▶ _TASK ITEM_: Each entry below is to be copied verbatim.

▶ _MATERIAL TO PROCESS_:
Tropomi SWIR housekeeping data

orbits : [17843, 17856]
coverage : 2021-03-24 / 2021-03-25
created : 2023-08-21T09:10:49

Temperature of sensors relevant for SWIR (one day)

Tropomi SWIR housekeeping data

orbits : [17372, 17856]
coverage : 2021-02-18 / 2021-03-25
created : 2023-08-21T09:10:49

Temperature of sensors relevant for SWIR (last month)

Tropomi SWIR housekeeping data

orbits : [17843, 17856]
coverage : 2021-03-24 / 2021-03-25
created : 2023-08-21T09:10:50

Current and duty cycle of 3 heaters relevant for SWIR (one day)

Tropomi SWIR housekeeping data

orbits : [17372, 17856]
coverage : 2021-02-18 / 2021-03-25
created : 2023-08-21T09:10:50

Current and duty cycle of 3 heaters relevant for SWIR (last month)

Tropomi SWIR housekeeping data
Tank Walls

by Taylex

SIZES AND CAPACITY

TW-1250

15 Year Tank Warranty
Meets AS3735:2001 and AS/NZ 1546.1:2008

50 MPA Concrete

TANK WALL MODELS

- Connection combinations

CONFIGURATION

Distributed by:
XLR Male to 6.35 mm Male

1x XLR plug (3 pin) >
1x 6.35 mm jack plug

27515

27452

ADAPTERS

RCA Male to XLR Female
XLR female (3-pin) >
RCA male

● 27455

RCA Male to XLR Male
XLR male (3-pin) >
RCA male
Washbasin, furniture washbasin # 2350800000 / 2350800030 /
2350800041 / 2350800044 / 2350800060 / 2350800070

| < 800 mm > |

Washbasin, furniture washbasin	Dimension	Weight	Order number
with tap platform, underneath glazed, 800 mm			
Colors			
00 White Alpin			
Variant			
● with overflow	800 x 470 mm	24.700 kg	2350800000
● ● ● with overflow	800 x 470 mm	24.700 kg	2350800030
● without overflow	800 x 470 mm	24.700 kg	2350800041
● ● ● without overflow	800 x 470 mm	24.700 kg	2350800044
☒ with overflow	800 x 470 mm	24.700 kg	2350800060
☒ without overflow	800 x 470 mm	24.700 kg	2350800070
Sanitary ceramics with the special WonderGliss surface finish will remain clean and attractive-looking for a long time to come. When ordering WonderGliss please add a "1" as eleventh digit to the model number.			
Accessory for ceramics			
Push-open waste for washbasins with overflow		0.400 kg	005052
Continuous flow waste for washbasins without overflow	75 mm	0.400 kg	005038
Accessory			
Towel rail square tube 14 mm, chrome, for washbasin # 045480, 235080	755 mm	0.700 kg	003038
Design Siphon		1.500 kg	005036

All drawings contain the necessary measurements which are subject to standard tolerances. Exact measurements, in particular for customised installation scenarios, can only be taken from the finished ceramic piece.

▶ _OUTPUT BELOW_:
Tropomi SWIR housekeeping data

orbits : [17843, 17856]
coverage : 2021-03-24 / 2021-03-25
created : 2023-08-21T09:10:49

Temperature of sensors relevant for SWIR (one day)

Tropomi SWIR housekeeping data

orbits : [17372, 17856]
coverage : 2021-02-18 / 2021-03-25
created : 2023-08-21T09:10:49

Temperature of sensors relevant for SWIR (last month)

Tropomi SWIR housekeeping data

orbits : [17843, 17856]
coverage : 2021-03-24 / 2021-03-25
created : 2023-08-21T09:10:50

Current and duty cycle of 3 heaters relevant for SWIR (one day)

Tropomi SWIR housekeeping data

orbits : [17372, 17856]
coverage : 2021-02-18 / 2021-03-25
created : 2023-08-21T09:10:50

Current and duty cycle of 3 heaters relevant for SWIR (last month)

Tropomi SWIR housekeeping data
Tank Walls

by Taylex

SIZES AND CAPACITY

TW-1250

15 Year Tank Warranty
Meets AS3735:2001 and AS/NZ 1546.1:2008

50 MPA Concrete

TANK WALL MODELS

- Connection combinations

CONFIGURATION

Distributed by:
XLR Male to 6.35 mm Male

1x XLR plug (3 pin) >
1x 6.35 mm jack plug

27515

27452

ADAPTERS

RCA Male to XLR Female
XLR female (3-pin) >
RCA male

● 27455

RCA Male to XLR Male
XLR male (3-pin) >
RCA male
Washbasin, furniture washbasin # 2350800000 / 2350800030 /
2350800041 / 2350800044 / 2350800060 / 2350800070

| < 800 mm > |

Washbasin, furniture washbasin	Dimension	Weight	Order number
with tap platform, underneath glazed, 800 mm			
Colors			
00 White Alpin			
Variant			
● with overflow	800 x 470 mm	24.700 kg	2350800000
● ● ● with overflow	800 x 470 mm	24.700 kg	2350800030
● without overflow	800 x 470 mm	24.700 kg	2350800041
● ● ● without overflow	800 x 470 mm	24.700 kg	2350800044
☒ with overflow	800 x 470 mm	24.700 kg	2350800060
☒ without overflow	800 x 470 mm	24.700 kg	2350800070
Sanitary ceramics with the special WonderGliss surface finish will remain clean and attractive-looking for a long time to come. When ordering WonderGliss please add a "1" as eleventh digit to the model number.			
Accessory for ceramics			
Push-open waste for washbasins with overflow		0.400 kg	005052
Continuous flow waste for washbasins without overflow	75 mm	0.400 kg	005038
Accessory			
Towel rail square tube 14 mm, chrome, for washbasin # 045480, 235080	755 mm	0.700 kg	003038
Design Siphon		1.500 kg	005036

All drawings contain the necessary measurements which are subject to standard tolerances. Exact measurements, in particular for customised installation scenarios, can only be taken from the finished ceramic piece.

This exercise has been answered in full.